┌──

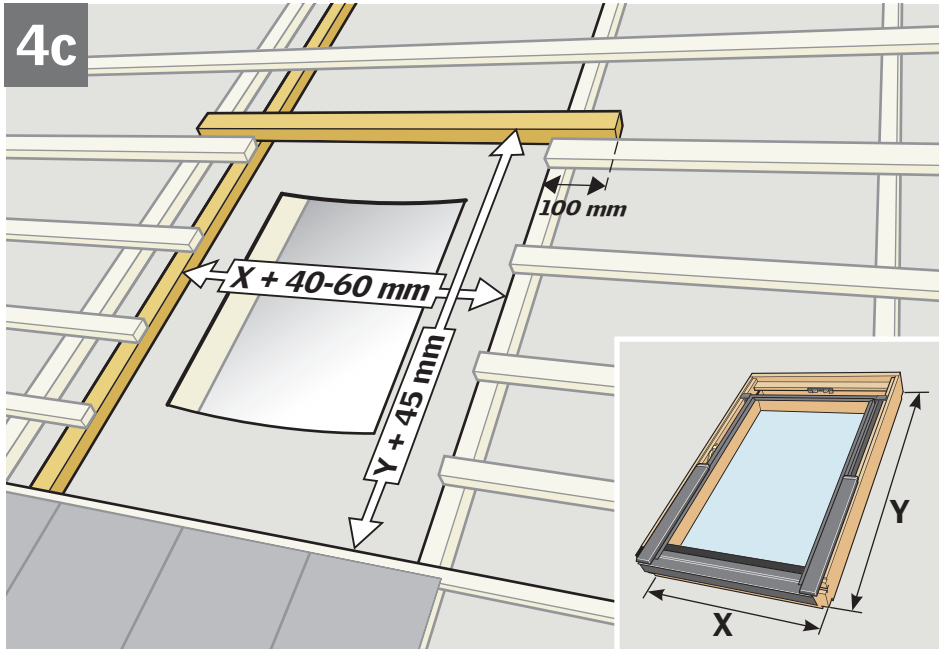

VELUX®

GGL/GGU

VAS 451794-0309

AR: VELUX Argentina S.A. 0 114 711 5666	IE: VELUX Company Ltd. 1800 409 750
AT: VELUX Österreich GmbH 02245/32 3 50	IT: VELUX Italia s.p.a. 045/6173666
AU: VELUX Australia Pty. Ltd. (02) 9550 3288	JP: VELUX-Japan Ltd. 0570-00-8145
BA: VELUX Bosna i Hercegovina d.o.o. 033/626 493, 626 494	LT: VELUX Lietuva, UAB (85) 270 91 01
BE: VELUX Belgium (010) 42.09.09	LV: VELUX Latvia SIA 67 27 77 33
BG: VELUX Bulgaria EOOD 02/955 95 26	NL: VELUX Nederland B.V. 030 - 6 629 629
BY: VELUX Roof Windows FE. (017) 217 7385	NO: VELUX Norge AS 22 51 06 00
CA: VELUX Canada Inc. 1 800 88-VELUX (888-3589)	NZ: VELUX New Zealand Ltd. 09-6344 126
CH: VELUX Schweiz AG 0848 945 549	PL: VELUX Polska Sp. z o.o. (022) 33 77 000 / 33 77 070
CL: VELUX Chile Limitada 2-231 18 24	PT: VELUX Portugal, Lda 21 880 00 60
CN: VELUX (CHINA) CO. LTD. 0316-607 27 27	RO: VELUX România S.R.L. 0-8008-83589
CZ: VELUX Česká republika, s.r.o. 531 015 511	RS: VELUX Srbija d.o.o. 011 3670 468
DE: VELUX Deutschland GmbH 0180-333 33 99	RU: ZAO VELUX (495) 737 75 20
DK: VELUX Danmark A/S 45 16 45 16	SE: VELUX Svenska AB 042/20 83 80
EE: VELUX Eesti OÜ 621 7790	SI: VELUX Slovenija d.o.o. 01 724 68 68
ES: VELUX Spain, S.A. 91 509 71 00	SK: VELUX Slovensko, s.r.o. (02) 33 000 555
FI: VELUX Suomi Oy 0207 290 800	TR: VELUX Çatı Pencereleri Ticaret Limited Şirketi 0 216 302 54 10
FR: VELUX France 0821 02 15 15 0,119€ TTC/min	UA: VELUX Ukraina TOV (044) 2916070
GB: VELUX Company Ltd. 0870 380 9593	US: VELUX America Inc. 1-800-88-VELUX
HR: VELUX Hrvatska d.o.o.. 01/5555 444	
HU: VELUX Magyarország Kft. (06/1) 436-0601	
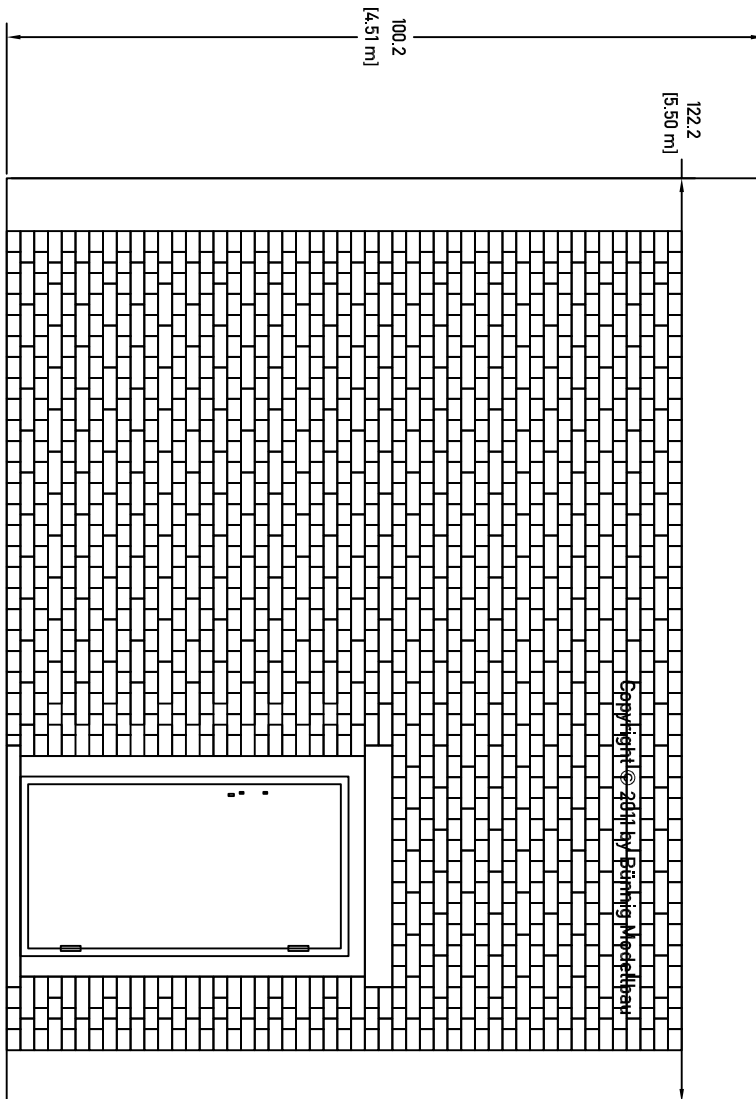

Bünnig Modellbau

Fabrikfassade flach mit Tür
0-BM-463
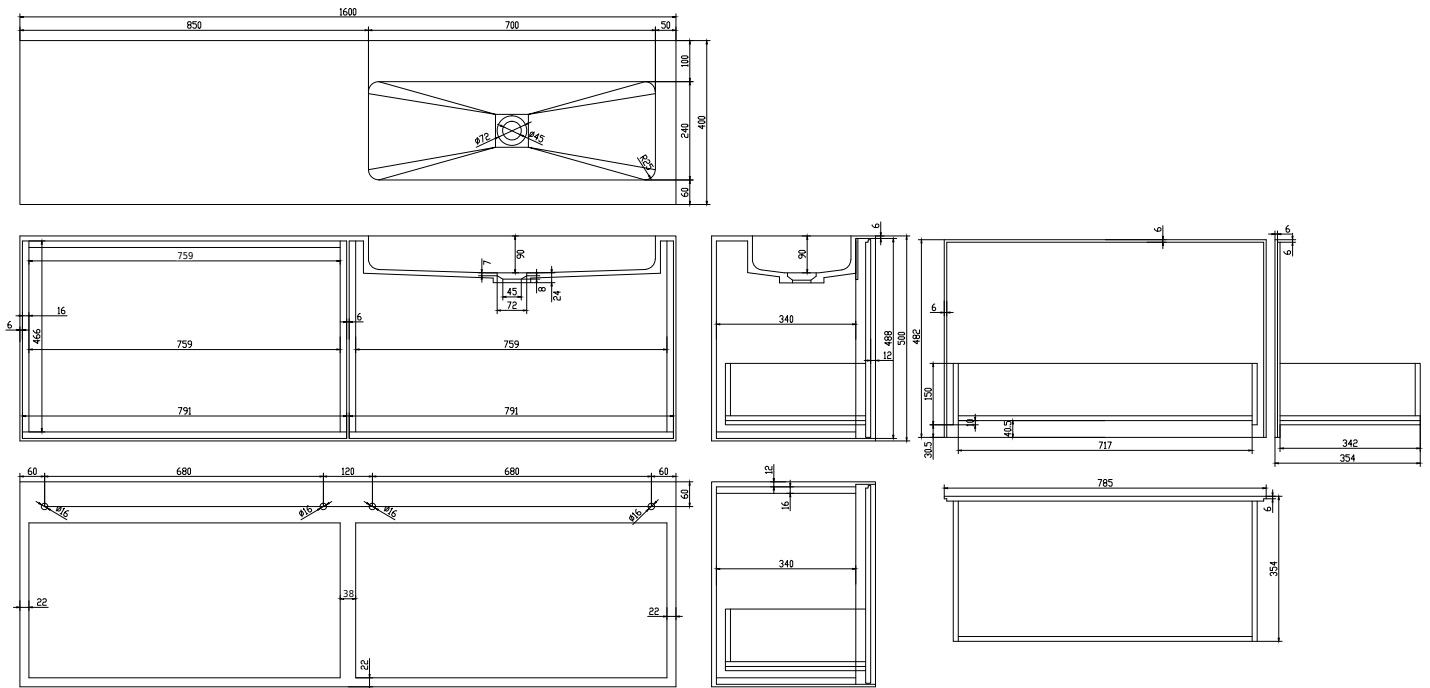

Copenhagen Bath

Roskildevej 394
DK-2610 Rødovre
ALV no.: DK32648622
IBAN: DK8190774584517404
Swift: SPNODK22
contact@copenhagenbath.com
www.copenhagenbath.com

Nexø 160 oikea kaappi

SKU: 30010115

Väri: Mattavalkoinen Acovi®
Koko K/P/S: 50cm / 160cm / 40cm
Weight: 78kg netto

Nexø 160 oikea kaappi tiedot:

└──

* [What needs to be done]: What is needed is the full material, retyped unchanged, with no pictures in it.

* [Task output]:
VELUX®

GGL/GGU

VAS 451794-0309

AR: VELUX Argentina S.A. 0 114 711 5666	IE: VELUX Company Ltd. 1800 409 750
AT: VELUX Österreich GmbH 02245/32 3 50	IT: VELUX Italia s.p.a. 045/6173666
AU: VELUX Australia Pty. Ltd. (02) 9550 3288	JP: VELUX-Japan Ltd. 0570-00-8145
BA: VELUX Bosna i Hercegovina d.o.o. 033/626 493, 626 494	LT: VELUX Lietuva, UAB (85) 270 91 01
BE: VELUX Belgium (010) 42.09.09	LV: VELUX Latvia SIA 67 27 77 33
BG: VELUX Bulgaria EOOD 02/955 95 26	NL: VELUX Nederland B.V. 030 - 6 629 629
BY: VELUX Roof Windows FE. (017) 217 7385	NO: VELUX Norge AS 22 51 06 00
CA: VELUX Canada Inc. 1 800 88-VELUX (888-3589)	NZ: VELUX New Zealand Ltd. 09-6344 126
CH: VELUX Schweiz AG 0848 945 549	PL: VELUX Polska Sp. z o.o. (022) 33 77 000 / 33 77 070
CL: VELUX Chile Limitada 2-231 18 24	PT: VELUX Portugal, Lda 21 880 00 60
CN: VELUX (CHINA) CO. LTD. 0316-607 27 27	RO: VELUX România S.R.L. 0-8008-83589
CZ: VELUX Česká republika, s.r.o. 531 015 511	RS: VELUX Srbija d.o.o. 011 3670 468
DE: VELUX Deutschland GmbH 0180-333 33 99	RU: ZAO VELUX (495) 737 75 20
DK: VELUX Danmark A/S 45 16 45 16	SE: VELUX Svenska AB 042/20 83 80
EE: VELUX Eesti OÜ 621 7790	SI: VELUX Slovenija d.o.o. 01 724 68 68
ES: VELUX Spain, S.A. 91 509 71 00	SK: VELUX Slovensko, s.r.o. (02) 33 000 555
FI: VELUX Suomi Oy 0207 290 800	TR: VELUX Çatı Pencereleri Ticaret Limited Şirketi 0 216 302 54 10
FR: VELUX France 0821 02 15 15 0,119€ TTC/min	UA: VELUX Ukraina TOV (044) 2916070
GB: VELUX Company Ltd. 0870 380 9593	US: VELUX America Inc. 1-800-88-VELUX
HR: VELUX Hrvatska d.o.o.. 01/5555 444	
HU: VELUX Magyarország Kft. (06/1) 436-0601	

Bünnig Modellbau

Fabrikfassade flach mit Tür
0-BM-463

Copenhagen Bath

Roskildevej 394
DK-2610 Rødovre
ALV no.: DK32648622
IBAN: DK8190774584517404
Swift: SPNODK22
contact@copenhagenbath.com
www.copenhagenbath.com

Nexø 160 oikea kaappi

SKU: 30010115

Väri: Mattavalkoinen Acovi®
Koko K/P/S: 50cm / 160cm / 40cm
Weight: 78kg netto

Nexø 160 oikea kaappi tiedot:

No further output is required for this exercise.